Challenges for self-driving car industry

The challenges facing the self-driving car industry go beyond just the recent incident involving Cruise. One of the main challenges is the business model for self-driving cars. Despite the significant investments made by companies in developing the technology, there is still a lack of clear justification for the economic viability of self-driving cars. Additionally, there are ongoing concerns about the safety and public perception of self-driving cars, which further complicates the adoption of the technology on a larger scale.

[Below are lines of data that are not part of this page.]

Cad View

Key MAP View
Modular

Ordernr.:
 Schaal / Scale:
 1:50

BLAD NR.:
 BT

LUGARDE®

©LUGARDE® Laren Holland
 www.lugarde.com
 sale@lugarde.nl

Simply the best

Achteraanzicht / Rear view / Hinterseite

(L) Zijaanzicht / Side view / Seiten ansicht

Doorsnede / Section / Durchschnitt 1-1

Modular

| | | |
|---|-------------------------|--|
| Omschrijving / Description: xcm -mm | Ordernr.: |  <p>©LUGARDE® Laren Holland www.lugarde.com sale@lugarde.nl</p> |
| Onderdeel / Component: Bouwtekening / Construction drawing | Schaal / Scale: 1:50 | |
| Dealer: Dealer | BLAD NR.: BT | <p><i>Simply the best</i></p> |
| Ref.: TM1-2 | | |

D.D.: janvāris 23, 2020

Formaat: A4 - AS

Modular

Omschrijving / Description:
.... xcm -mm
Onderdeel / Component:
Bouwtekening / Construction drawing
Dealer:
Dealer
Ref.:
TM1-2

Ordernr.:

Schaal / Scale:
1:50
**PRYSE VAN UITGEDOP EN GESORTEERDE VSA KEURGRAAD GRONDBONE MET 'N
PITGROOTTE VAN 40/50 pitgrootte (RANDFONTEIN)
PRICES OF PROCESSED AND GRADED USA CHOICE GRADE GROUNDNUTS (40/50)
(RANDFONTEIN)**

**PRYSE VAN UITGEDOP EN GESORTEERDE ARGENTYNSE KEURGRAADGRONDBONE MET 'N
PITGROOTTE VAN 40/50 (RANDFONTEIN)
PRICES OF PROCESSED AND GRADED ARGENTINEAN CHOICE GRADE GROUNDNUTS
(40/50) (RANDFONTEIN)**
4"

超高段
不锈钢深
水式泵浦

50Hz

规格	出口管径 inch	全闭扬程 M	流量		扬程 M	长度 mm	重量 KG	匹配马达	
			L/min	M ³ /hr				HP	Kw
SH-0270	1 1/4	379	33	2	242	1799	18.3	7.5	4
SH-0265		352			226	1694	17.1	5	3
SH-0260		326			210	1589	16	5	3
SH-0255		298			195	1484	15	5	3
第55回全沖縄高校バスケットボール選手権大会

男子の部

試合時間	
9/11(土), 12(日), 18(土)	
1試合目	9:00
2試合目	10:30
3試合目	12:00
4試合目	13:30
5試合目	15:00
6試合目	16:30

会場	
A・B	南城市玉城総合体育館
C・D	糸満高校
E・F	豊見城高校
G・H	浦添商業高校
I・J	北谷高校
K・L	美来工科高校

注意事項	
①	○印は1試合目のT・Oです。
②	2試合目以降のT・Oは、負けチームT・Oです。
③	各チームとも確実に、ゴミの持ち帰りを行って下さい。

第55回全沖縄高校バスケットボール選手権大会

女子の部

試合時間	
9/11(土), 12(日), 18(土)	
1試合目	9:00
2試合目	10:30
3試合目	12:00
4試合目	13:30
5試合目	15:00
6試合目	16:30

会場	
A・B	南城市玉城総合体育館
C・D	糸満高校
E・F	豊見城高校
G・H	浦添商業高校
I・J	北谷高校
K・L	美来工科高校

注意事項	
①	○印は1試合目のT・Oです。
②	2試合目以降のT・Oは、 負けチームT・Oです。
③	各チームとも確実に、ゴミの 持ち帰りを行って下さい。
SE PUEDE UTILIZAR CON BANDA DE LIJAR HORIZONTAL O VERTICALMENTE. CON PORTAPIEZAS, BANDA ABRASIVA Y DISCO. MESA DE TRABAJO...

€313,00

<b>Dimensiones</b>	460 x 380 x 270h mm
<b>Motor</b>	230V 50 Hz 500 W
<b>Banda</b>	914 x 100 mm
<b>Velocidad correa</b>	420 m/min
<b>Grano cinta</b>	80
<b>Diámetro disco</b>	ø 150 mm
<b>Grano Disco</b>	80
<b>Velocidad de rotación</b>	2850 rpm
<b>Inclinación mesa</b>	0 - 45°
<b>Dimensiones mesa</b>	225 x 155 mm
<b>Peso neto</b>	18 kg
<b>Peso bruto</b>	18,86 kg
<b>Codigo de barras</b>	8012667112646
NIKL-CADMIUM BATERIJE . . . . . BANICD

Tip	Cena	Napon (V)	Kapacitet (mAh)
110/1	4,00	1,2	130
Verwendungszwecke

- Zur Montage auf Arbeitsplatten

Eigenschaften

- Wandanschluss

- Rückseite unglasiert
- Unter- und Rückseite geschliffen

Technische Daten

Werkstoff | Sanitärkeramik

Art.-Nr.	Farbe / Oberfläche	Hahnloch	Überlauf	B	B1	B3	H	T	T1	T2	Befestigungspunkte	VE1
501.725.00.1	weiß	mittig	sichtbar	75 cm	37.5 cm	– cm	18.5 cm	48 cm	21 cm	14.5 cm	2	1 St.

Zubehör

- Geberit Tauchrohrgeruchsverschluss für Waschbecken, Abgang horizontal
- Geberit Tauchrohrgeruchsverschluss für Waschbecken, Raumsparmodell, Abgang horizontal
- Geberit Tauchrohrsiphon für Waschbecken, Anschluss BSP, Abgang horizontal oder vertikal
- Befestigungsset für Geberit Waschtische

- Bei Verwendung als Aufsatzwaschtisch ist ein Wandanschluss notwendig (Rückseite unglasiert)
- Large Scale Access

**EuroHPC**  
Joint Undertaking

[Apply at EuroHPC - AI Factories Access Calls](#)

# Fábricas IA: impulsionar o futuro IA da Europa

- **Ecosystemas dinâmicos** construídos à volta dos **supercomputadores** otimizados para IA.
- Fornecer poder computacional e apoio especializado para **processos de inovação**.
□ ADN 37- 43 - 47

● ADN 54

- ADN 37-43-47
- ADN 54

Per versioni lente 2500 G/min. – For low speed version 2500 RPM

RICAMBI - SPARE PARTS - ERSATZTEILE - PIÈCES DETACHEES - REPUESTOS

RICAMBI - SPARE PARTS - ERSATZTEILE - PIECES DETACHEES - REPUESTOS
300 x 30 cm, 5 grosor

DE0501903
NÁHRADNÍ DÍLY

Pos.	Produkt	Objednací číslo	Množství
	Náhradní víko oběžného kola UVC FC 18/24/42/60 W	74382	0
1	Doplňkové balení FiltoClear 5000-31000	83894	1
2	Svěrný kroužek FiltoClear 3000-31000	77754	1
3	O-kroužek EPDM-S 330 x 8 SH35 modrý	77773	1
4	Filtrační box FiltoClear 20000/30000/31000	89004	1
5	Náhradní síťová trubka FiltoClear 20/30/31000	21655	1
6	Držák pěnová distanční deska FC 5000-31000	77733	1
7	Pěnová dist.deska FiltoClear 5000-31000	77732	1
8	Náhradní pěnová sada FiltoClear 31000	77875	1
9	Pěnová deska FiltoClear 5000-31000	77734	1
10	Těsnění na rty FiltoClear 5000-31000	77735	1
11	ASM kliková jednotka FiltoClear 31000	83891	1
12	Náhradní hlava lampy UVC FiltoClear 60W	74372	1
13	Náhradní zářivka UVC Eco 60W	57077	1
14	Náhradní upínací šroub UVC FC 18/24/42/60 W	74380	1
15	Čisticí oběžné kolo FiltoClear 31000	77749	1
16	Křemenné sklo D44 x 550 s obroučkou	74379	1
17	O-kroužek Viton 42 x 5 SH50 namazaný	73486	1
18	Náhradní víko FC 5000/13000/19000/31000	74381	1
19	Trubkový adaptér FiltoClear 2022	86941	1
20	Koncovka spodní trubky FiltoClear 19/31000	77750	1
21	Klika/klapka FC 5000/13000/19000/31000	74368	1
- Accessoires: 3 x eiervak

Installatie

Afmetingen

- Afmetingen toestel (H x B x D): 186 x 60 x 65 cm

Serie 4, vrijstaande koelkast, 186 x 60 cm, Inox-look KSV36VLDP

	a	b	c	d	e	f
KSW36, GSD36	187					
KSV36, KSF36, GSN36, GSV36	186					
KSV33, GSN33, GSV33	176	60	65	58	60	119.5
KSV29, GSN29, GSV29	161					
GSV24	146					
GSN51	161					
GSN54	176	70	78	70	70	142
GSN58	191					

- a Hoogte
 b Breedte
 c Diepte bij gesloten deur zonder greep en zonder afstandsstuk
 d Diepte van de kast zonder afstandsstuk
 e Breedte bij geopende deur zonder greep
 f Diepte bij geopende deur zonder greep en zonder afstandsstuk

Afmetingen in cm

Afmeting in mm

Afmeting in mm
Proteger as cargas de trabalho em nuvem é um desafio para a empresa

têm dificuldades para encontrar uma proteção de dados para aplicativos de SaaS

G.M. takes control of Cruise

General Motors acquired Cruise in 2016 for $1 billion, and now the company is taking a more active role in steering Cruise forward. Following the recent troubles faced by Cruise, General Motors has appointed new executives to lead the subsidiary. The founders of Cruise, Kyle Vogt and Dan Kan, have resigned, and G.M. has appointed Mo Elshenawy, Cruise’s executive vice president of engineering, and Craig Glidden, G.M.’s general counsel, as presidents of Cruise.

Layoff preparations and employee benefits

Cruise has been preparing for the job cuts for over a month, and the company has made efforts to soften the blow for affected employees. Laid off employees will continue to receive their pay through April 8, 2024, and will have health benefits through May. In addition, they will receive their 2023 bonuses. Cruise’s decision to provide continued pay and benefits to laid off employees demonstrates a commitment to supporting their wellbeing during this transition period.

Layoffs in the tech industry

Cruise’s job cuts are not an isolated incident in the tech industry. This year has seen a wave of layoffs in the tech industry, with big companies like Microsoft and Alphabet eliminating tens of thousands of jobs. These cutbacks are a result of companies trying to reduce costs after hiring too many employees during the pandemic. While the tech industry as a whole has started rebounding and rebuilding its workforce, the future of Cruise remains uncertain due to the investigation and regulatory challenges it is facing.

Uncertain future for Cruise

The future of Cruise depends largely on the findings of the investigation being conducted by law firm Quinn Emanuel. The report is expected to be completed early next year, and it will play a significant role in determining the next steps for Cruise. The investigation will likely shed light on the October incident and Cruise’s response to it, providing insights into the company’s practices and potential areas for improvement. The findings of the report will inform whether Cruise can regain public trust and continue operating in the self-driving car industry.

Fleet expansion and costs

Prior to the recent troubles, Cruise had been focused on rapidly expanding its driverless fleet to beat its top rival, Waymo, into new markets. However, the expansion of the fleet has come with its fair share of challenges and incidents. Cruise cars have encountered issues and incidents in multiple cities, including collisions with other vehicles and getting stuck in wet concrete. Additionally, the operation of a large fleet of driverless cars comes with high costs, primarily due to the expensive sensors and computing power required for each vehicle. These costs have put a strain on General Motors’ finances, with the company spending an average of $588 million per quarter on Cruise over the past year.

Tripp Mickle’s coverage and focus

Tripp Mickle, a reporter based in San Francisco, has been covering Apple and Silicon Valley for The New York Times. His coverage of Apple includes product launches, manufacturing issues, and political challenges faced by the company. In addition to Apple, Mickle also reports on trends in the tech industry, such as layoffs, generative artificial intelligence, and robot taxis. His expertise in these areas allows him to provide valuable insights and analysis on the tech industry as a whole.